VP-Grne: The VP formed a coalition with the Greens from 2003 to 2015, but broad circles of the party do not show any great longing for a new edition. You strangle above all with the current top staff of the Greens, above all with the state councilor and Greens boss Stefan Kaineder. In addition, the migration issue would repeatedly create potential for conflict in a partnership, and the VP’s economic wing also fears a too far-reaching climate offensive. The fact that the coalition of VP and Greens is also unstable in the federal government could also lead to unrest in a state coalition. Conclusion: The People’s Party is currently not really convinced of the charm of the green variant.

VP-SP: And a good old black-red coalition? Everything that smells of a former grand coalition has been of repute in the People’s Party for some time. Many top VP representatives have drifted apart with their former permanent partner so sustainably that the SP card was hardly discussed in the public debate.
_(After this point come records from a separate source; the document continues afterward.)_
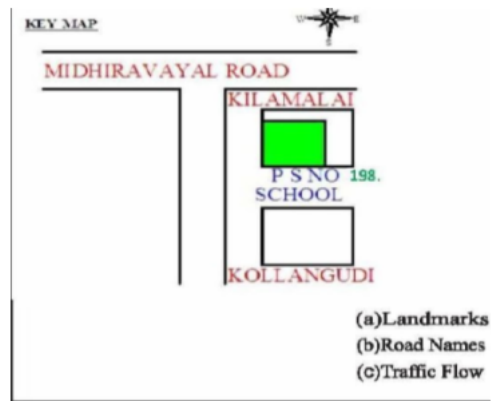

Google Map View

Polling Station Building Front View

Polling Station Front View

Cad View

Key MAP View

Minimum Basic Facility (Please ✓)	Water	Ramp	Plug Points	Toilet	Health Care
	✓	✓	✓	✓	✓

Scale - 1cm : 1m

1 பெயர் : பாஸ்கர் தந்தை பெயர்: முனியாண்டி வீட்டு எண் : 1 வயது : 40 பாலினம் : ஆண் Photo is available RVJ1641448	2 பெயர் : கனகவள்ளி கணவர் பெயர்: பாஸ்கர் வீட்டு எண் : 1 வயது : 38 பாலினம் : பெண் Photo is available RVJ0882951	3 பெயர் : சந்தோஷ் தந்தை பெயர்: அய்யர்.கா வீட்டு எண் : 01 வயது : 26 பாலினம் : ஆண் Photo is available RVJ2547750
4 பெயர் : பாரதி தந்தை பெயர்: காளிமுத்து வீட்டு எண் : 01 வயது : 24 பாலினம் : ஆண் Photo is available RVJ2547842	5 பெயர் : அனுஷ்யா தந்தை பெயர்: சண்முகம் சண்முகம் வீட்டு எண் : 2/319 வயது : 25 பாலினம் : பெண் Photo is available RVJ2589018	6 பெயர் : ஹரீஹரன்.கே தந்தை பெயர்: கேசவன் வீட்டு எண் : 2/351 வயது : 24 பாலினம் : ஆண் Photo is available RVJ2547644
7 பெயர் : நாகம்மாள் கணவர் பெயர்: மாயாண்டி வீட்டு எண் : 11D வயது : 52 பாலினம் : பெண் Photo is available RVJ0141093	8 பெயர் : தமிழரசன் தந்தை பெயர்: வெள்ளைசாமி வெள்ளைசாமி வீட்டு எண் : 134 வயது : 24 பாலினம் : ஆண் Photo is available RVJ2620144	9 பெயர் : கரந்தமலை தந்தை பெயர்: கருப்பன் வீட்டு எண் : 215 வயது : 76 பாலினம் : ஆண் Photo is available RVJ2099851
10 பெயர் : ராமநாதன் தந்தை பெயர்: கருப்பன் வீட்டு எண் : 215 வயது : 66 பாலினம் : ஆண் Photo is available MDJ3401858	11 பெயர் : லெட்சுமி கணவர் பெயர்: கரந்தமலை வீட்டு எண் : 215 வயது : 61 பாலினம் : பெண் Photo is available RVJ2099869	12 பெயர் : முத்து கணவர் பெயர்: இராமநாதன் வீட்டு எண் : 215 வயது : 60 பாலினம் : பெண் Photo is available RVJ2689164
13 பெயர் : லெனினராஜ் தந்தை பெயர்: கருந்தமலை வீட்டு எண் : 215 வயது : 36 பாலினம் : ஆண் Photo is available RVJ0413963	14 பெயர் : பாண்டியராஜ் தந்தை பெயர்: ராமநாதன் வீட்டு எண் : 215 வயது : 36 பாலினம் : ஆண் Photo is available RVJ2964286	15 பெயர் : மாரியப்பன் தந்தை பெயர்: கருப்பன் வீட்டு எண் : 217 வயது : 59 பாலினம் : ஆண் Photo is available MDJ3401866
16 பெயர் : கற்பகம் கணவர் பெயர்: மாரியப்பன் வீட்டு எண் : 217 வயது : 55 பாலினம் : பெண் Photo is available MDJ1313832	17 பெயர் : முனியாண்டி தந்தை பெயர்: சிலம்பன் வீட்டு எண் : 220 வயது : 66 பாலினம் : ஆண் Photo is available MDJ1313808	18 பெயர் : காளியம்மாள் கணவர் பெயர்: முனியாண்டி வீட்டு எண் : 220 வயது : 59 பாலினம் : பெண் Photo is available RVJ2099885
19 பெயர் : ஆறுமுகம் கணவர் பெயர்: முனியாண்டி வீட்டு எண் : 220 வயது : 56 பாலினம் : பெண் Photo is available MDJ1313816	20 பெயர் : மாரிமுத்து தந்தை பெயர்: முனியாண்டி வீட்டு எண் : 220 வயது : 45 பாலினம் : பெண் Photo is available MDJ1621762	21 பெயர் : ரமேஷ் தந்தை பெயர்: முனியாண்டி வீட்டு எண் : 220 வயது : 44 பாலினம் : ஆண் Photo is available MDJ3401874
22 பெயர் : தவசுராணி கணவர் பெயர்: ரமேஷ் வீட்டு எண் : 220 வயது : 40 பாலினம் : பெண் Photo is available RVJ2691723	23 பெயர் : பாண்டிசெல்வி தந்தை பெயர்: முனியாண்டி வீட்டு எண் : 220 வயது : 39 பாலினம் : பெண் Photo is available RVJ0413567	24 பெயர் : கண்ணையா தந்தை பெயர்: சிலம்பன் வீட்டு எண் : 222 வயது : 75 பாலினம் : ஆண் Photo is available MDJ1313824
25 பெயர் : முத்துலெட்சுமி கணவர் பெயர்: கண்ணையா வீட்டு எண் : 222 வயது : 49 பாலினம் : பெண் Photo is available RVJ0883033	26 பெயர் : அழகு தந்தை பெயர்: சுப்பன் வீட்டு எண் : 223 வயது : 56 பாலினம் : ஆண் Photo is available RVJ2099893	27 பெயர் : வீரையா தந்தை பெயர்: முத்தன் வீட்டு எண் : 225 வயது : 57 பாலினம் : ஆண் Photo is available RVJ0413658
28 பெயர் : புஸ்பா கணவர் பெயர்: வீரையா வீட்டு எண் : 225 வயது : 54 பாலினம் : பெண் Photo is available RVJ2099901	29 பெயர் : விக்ரம் தந்தை பெயர்: வீரையா வீட்டு எண் : 225 வயது : 34 பாலினம் : ஆண் Photo is available RVJ0413476	30 பெயர் : அஜிதா கணவர் பெயர்: அழகேசன் வீட்டு எண் : 225 வயது : 27 பாலினம் : பெண் Photo is available RVJ2727808

This variant also lacks any substantive message that one would have with the FP on the subject of immigration and with the Greens with climate initiatives. What this option leaves open, however, is the fact that Stelzer’s power-pragmatic approach could see benefits in an alliance with red Linz and the red trade unionists.

Who moves into the state government?

The SP should have achieved one goal yesterday: In all likelihood, it will again provide two state councilors in the next state government because the Freedom Party will lose one of its three seats. Wolfgang Klinger (FP) is likely to leave the government.

The distribution of government seats should therefore be as follows: four as before for the VP, two for the FP, two for the SP and one for the Greens.

In the SP, however, there were also calculations in which, according to electoral arithmetic, the third seat of government of the FP could move to the VP and this would then have five seats. In the People’s Party, however, they saw no chance of this.